Start of Supplied records
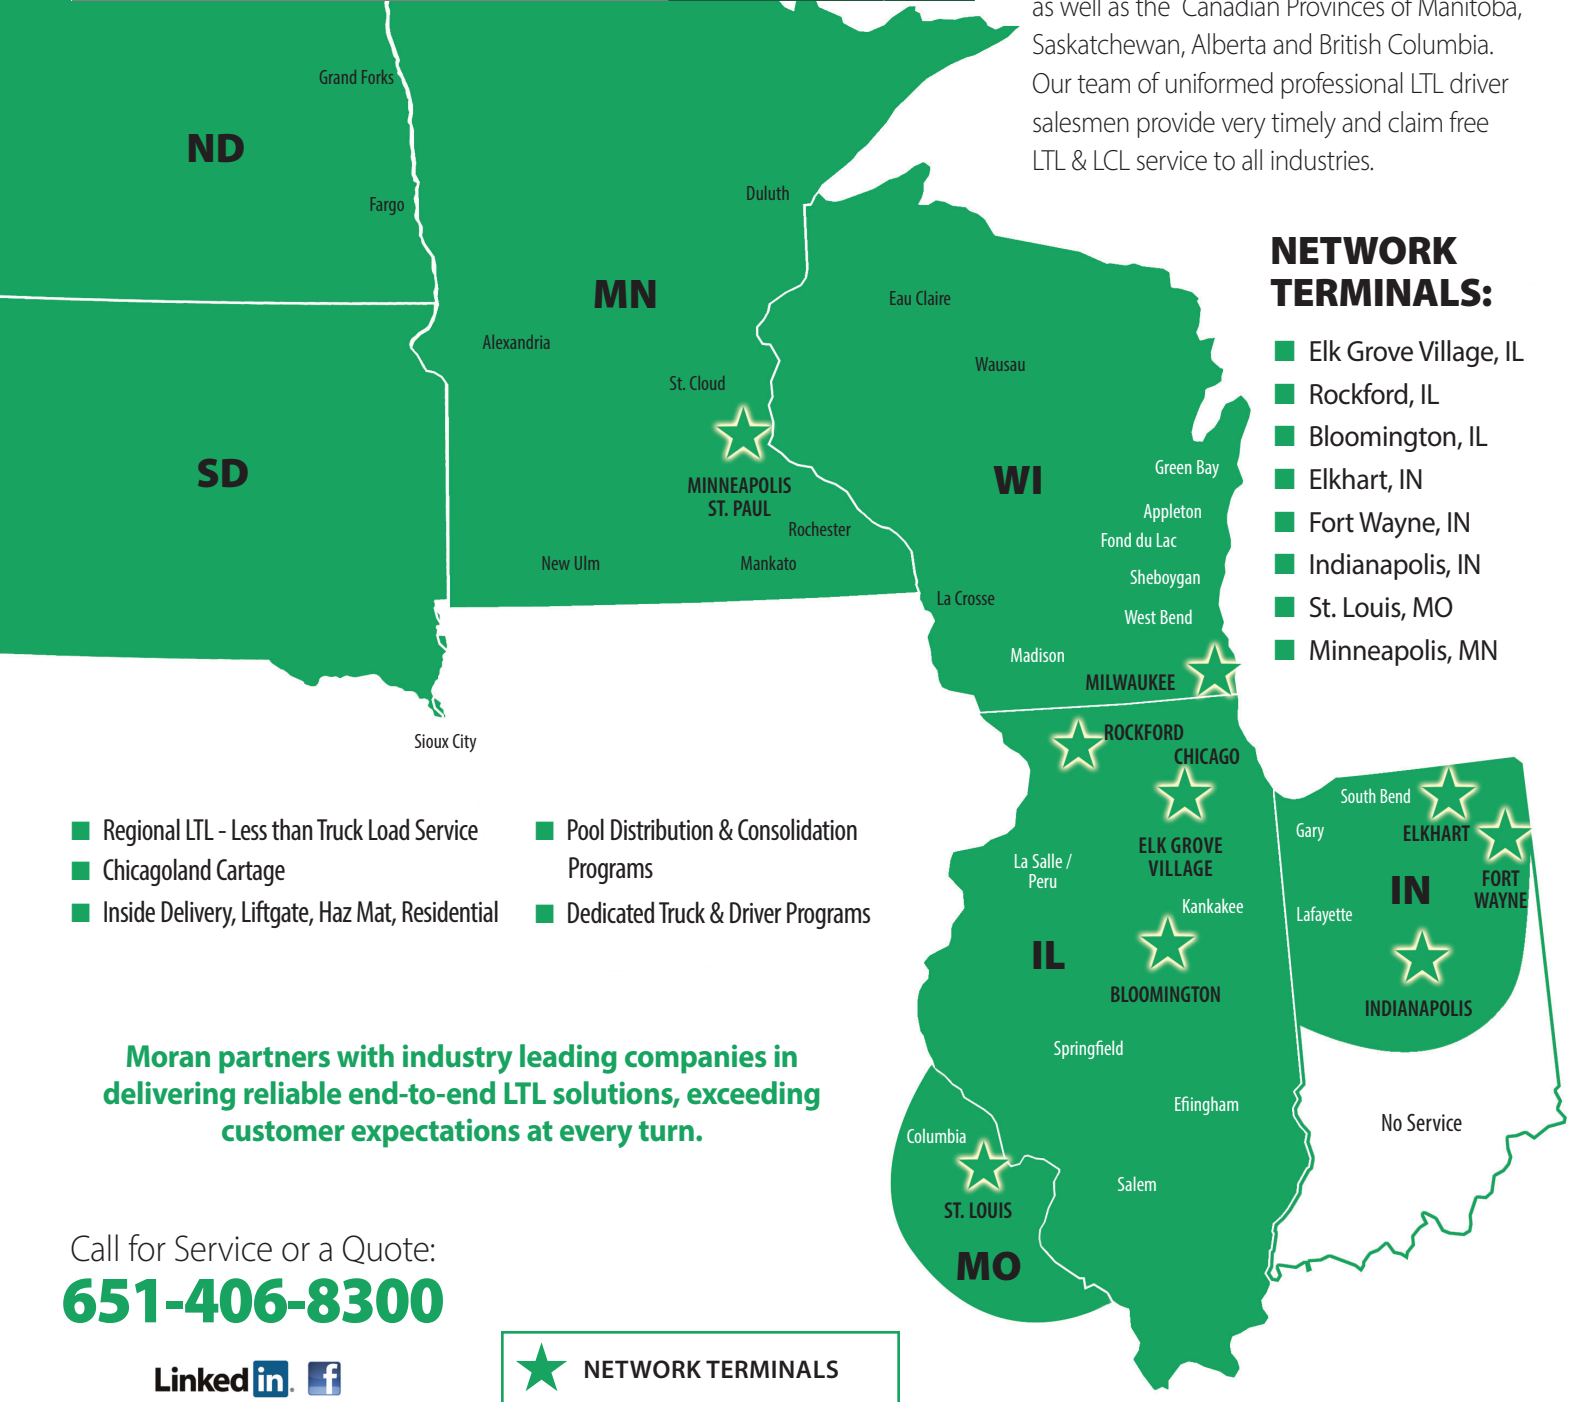

# REGIONAL & LOCAL LTL

## Canadian Service Markets

**Moran Transportation Corporation** provides regional less than truck load (LTL) and regional less than container load (LCL) service throughout the states of Illinois, Indiana, Wisconsin, Minnesota, Missouri, North Dakota and South Dakota markets as well as the Canadian Provinces of Manitoba, Saskatchewan, Alberta and British Columbia. Our team of uniformed professional LTL driver salesmen provide very timely and claim free LTL & LCL service to all industries.

## NETWORK TERMINALS:

- Elk Grove Village, IL
- Rockford, IL
- Bloomington, IL
- Elkhart, IN
- Fort Wayne, IN
- Indianapolis, IN
- St. Louis, MO
- Minneapolis, MN

- Regional LTL - Less than Truck Load Service
- Chicagoland Cartage
- Inside Delivery, Liftgate, Haz Mat, Residential
- Pool Distribution & Consolidation Programs
- Dedicated Truck & Driver Programs

**Moran partners with industry leading companies in delivering reliable end-to-end LTL solutions, exceeding customer expectations at every turn.**

Call for Service or a Quote:  
**651-406-8300**
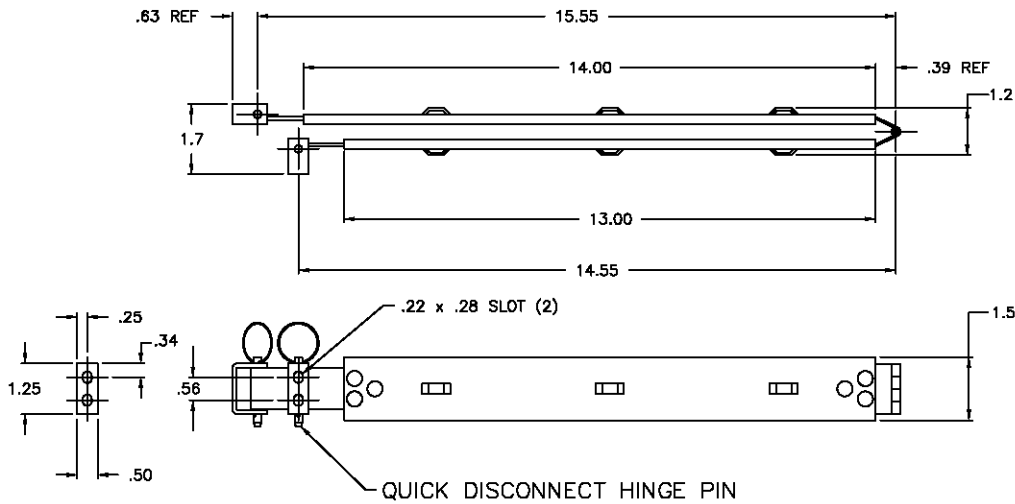

## D-329 Cable Carrier

OPEN

Finish: clear zinc commercial plating  
 Material: C.R.S.  
 Maximum extension: 30"  
 To order, specify D-329

CLOSED

## C-990 Cable Carrier

OPEN

Finish: clear zinc commercial plating  
 Material: C.R.S.  
 Maximum extension: 30"  
 To order, specify D-990

CLOSED
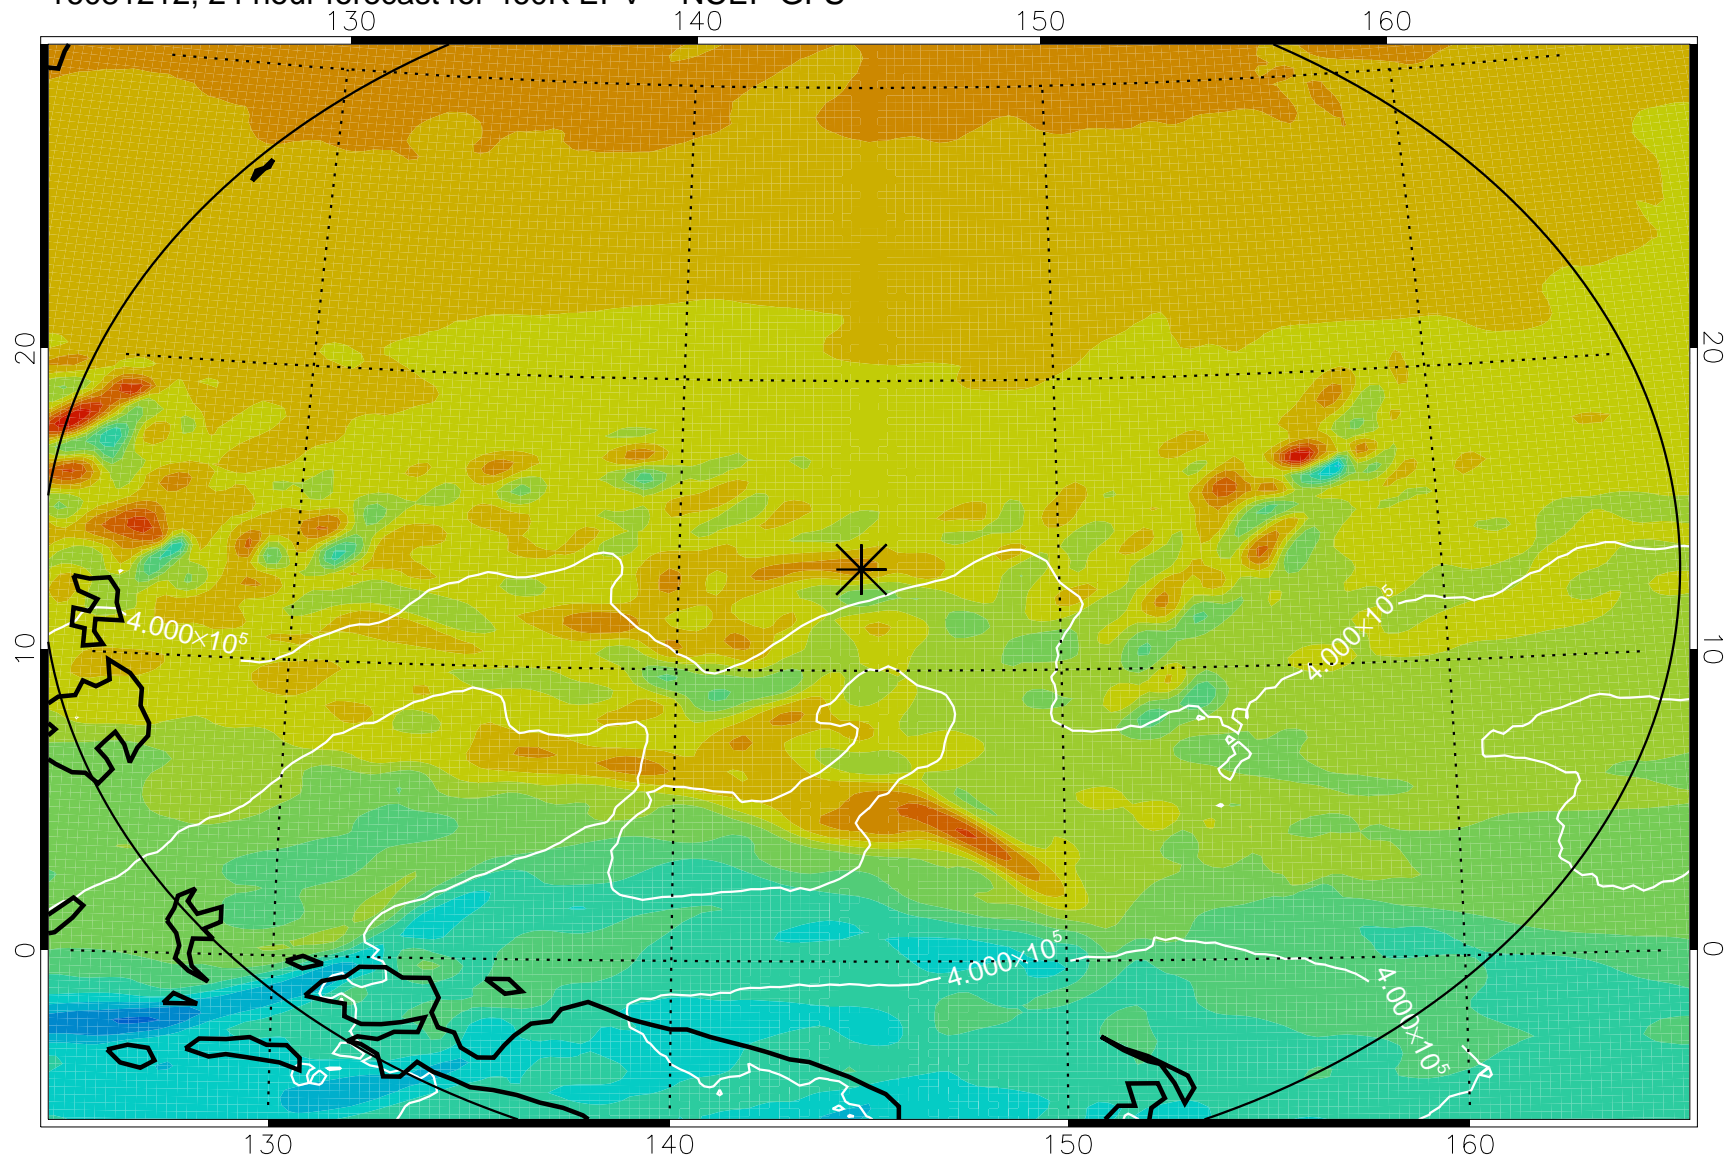

16081118, 6 hour forecast for 460K EPV -- NCEP GFS

460K Montgomery Streamfunction, white

Range ring of 2304 km

16081200, 12 hour forecast for 460K EPV -- NCEP GFS

460K Montgomery Streamfunction, white

Range ring of 2304 km

16081206, 18 hour forecast for 460K EPV -- NCEP GFS

460K Montgomery Streamfunction, white

Range ring of 2304 km

16081212, 24 hour forecast for 460K EPV -- NCEP GFS

460K Montgomery Streamfunction, white

Range ring of 2304 km

16081218, 30 hour forecast for 460K EPV -- NCEP GFS

460K Montgomery Streamfunction, white

Range ring of 2304 km

16081300, 36 hour forecast for 460K EPV -- NCEP GFS

460K Montgomery Streamfunction, white

Range ring of 2304 km

16081406, 66 hour forecast for 460K EPV -- NCEP GFS

460K Montgomery Streamfunction, white

Range ring of 2304 km

16081412, 72 hour forecast for 460K EPV -- NCEP GFS

460K Montgomery Streamfunction, white

Range ring of 2304 km
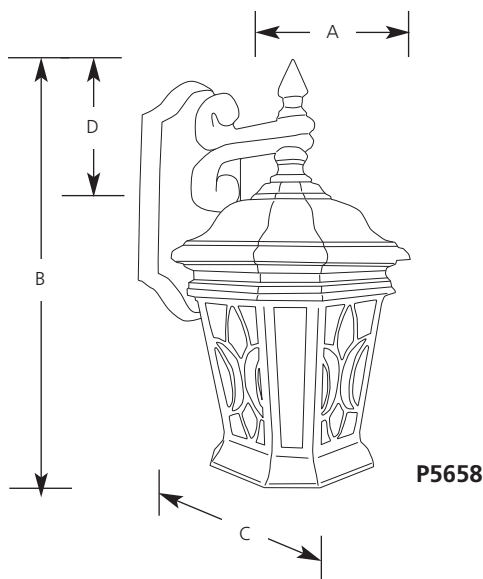

Type _____
 -86
 P5658
 P5659
 P5660

Catalog No.	Finish	Lamping	Dimensions (Inches)			
	Burnished Chestnut		A	B	C	D
P5658	-86	1 (m) 60w	6-1/2	12-1/2	7-3/8	3-1/2
P5659	-86	1 (m) 75w	8-1/2	15-3/4	9-1/2	4-1/2
P5660	-86	1 (m) 100w	9-3/4	21-1/8	11-3/4	6

Specifications:

General

- Cast aluminum construction
- Tiffany style art glass
 P5658: (tiffany) 4-7/16" ht., 2-11/16" top width, 1-7/8" bottom width; (small) 4-7/16" ht., 1-13/32" top width, 15/16" bottom width; (large) 4-7/16" ht., 2-11/16" top width, 1-7/8" bottom width
 P5659: (tiffany) 6-1/4" ht., 3-3/4" top width, 2-11/16" bottom width; (small) 6-1/4" ht., 1-5/8" top width, 1-1/4" bottom width; (large) 6-1/4" ht., 1-5/8" top width, 1-1/4" bottom width
 P5660: (tiffany) 9-1/8" ht., 4-29/32" top width, 2-5/8" bottom width; (small) 9-1/8" ht., 2-17/32" top width, 1-3/32" bottom width; (large) 9-1/8" ht., 4-29/32" top width, 2-5/8" bottom width
- Hand painted finish
- Matching post top and chain hung units available

Mounting

- Wall mount
- Covers standard junction box
- Mounting strap for outlet box included
- Back plate:
 P5658 - 4-1/2" w., 7" h.
 P5859 - 4-1/2" w., 9" h.
 P5660 - 4-1/2" w., 12" h.

Electrical

- Medium based porcelain socket with Nickel plated brass screw shell
- Pre-wired
End of Supplied records
Task goal:
Please print out the entries above exactly. The pictures stay out.

Response:
# REGIONAL & LOCAL LTL

## Canadian Service Markets

**Moran Transportation Corporation** provides regional less than truck load (LTL) and regional less than container load (LCL) service throughout the states of Illinois, Indiana, Wisconsin, Minnesota, Missouri, North Dakota and South Dakota markets as well as the Canadian Provinces of Manitoba, Saskatchewan, Alberta and British Columbia. Our team of uniformed professional LTL driver salesmen provide very timely and claim free LTL & LCL service to all industries.

## NETWORK TERMINALS:

- Elk Grove Village, IL
- Rockford, IL
- Bloomington, IL
- Elkhart, IN
- Fort Wayne, IN
- Indianapolis, IN
- St. Louis, MO
- Minneapolis, MN

- Regional LTL - Less than Truck Load Service
- Chicagoland Cartage
- Inside Delivery, Liftgate, Haz Mat, Residential
- Pool Distribution & Consolidation Programs
- Dedicated Truck & Driver Programs

**Moran partners with industry leading companies in delivering reliable end-to-end LTL solutions, exceeding customer expectations at every turn.**

Call for Service or a Quote:  
**651-406-8300**

## D-329 Cable Carrier

OPEN

Finish: clear zinc commercial plating  
 Material: C.R.S.  
 Maximum extension: 30"  
 To order, specify D-329

CLOSED

## C-990 Cable Carrier

OPEN

Finish: clear zinc commercial plating  
 Material: C.R.S.  
 Maximum extension: 30"  
 To order, specify D-990

CLOSED

16081118, 6 hour forecast for 460K EPV -- NCEP GFS

460K Montgomery Streamfunction, white

Range ring of 2304 km

16081200, 12 hour forecast for 460K EPV -- NCEP GFS

460K Montgomery Streamfunction, white

Range ring of 2304 km

16081206, 18 hour forecast for 460K EPV -- NCEP GFS

460K Montgomery Streamfunction, white

Range ring of 2304 km

16081212, 24 hour forecast for 460K EPV -- NCEP GFS

460K Montgomery Streamfunction, white

Range ring of 2304 km

16081218, 30 hour forecast for 460K EPV -- NCEP GFS

460K Montgomery Streamfunction, white

Range ring of 2304 km

16081300, 36 hour forecast for 460K EPV -- NCEP GFS

460K Montgomery Streamfunction, white

Range ring of 2304 km

16081406, 66 hour forecast for 460K EPV -- NCEP GFS

460K Montgomery Streamfunction, white

Range ring of 2304 km

16081412, 72 hour forecast for 460K EPV -- NCEP GFS

460K Montgomery Streamfunction, white

Range ring of 2304 km

Type _____
 -86
 P5658
 P5659
 P5660

Catalog No.	Finish	Lamping	Dimensions (Inches)			
	Burnished Chestnut		A	B	C	D
P5658	-86	1 (m) 60w	6-1/2	12-1/2	7-3/8	3-1/2
P5659	-86	1 (m) 75w	8-1/2	15-3/4	9-1/2	4-1/2
P5660	-86	1 (m) 100w	9-3/4	21-1/8	11-3/4	6

Specifications:

General

- Cast aluminum construction
- Tiffany style art glass
 P5658: (tiffany) 4-7/16" ht., 2-11/16" top width, 1-7/8" bottom width; (small) 4-7/16" ht., 1-13/32" top width, 15/16" bottom width; (large) 4-7/16" ht., 2-11/16" top width, 1-7/8" bottom width
 P5659: (tiffany) 6-1/4" ht., 3-3/4" top width, 2-11/16" bottom width; (small) 6-1/4" ht., 1-5/8" top width, 1-1/4" bottom width; (large) 6-1/4" ht., 1-5/8" top width, 1-1/4" bottom width
 P5660: (tiffany) 9-1/8" ht., 4-29/32" top width, 2-5/8" bottom width; (small) 9-1/8" ht., 2-17/32" top width, 1-3/32" bottom width; (large) 9-1/8" ht., 4-29/32" top width, 2-5/8" bottom width
- Hand painted finish
- Matching post top and chain hung units available

Mounting

- Wall mount
- Covers standard junction box
- Mounting strap for outlet box included
- Back plate:
 P5658 - 4-1/2" w., 7" h.
 P5859 - 4-1/2" w., 9" h.
 P5660 - 4-1/2" w., 12" h.

Electrical

- Medium based porcelain socket with Nickel plated brass screw shell
- Pre-wired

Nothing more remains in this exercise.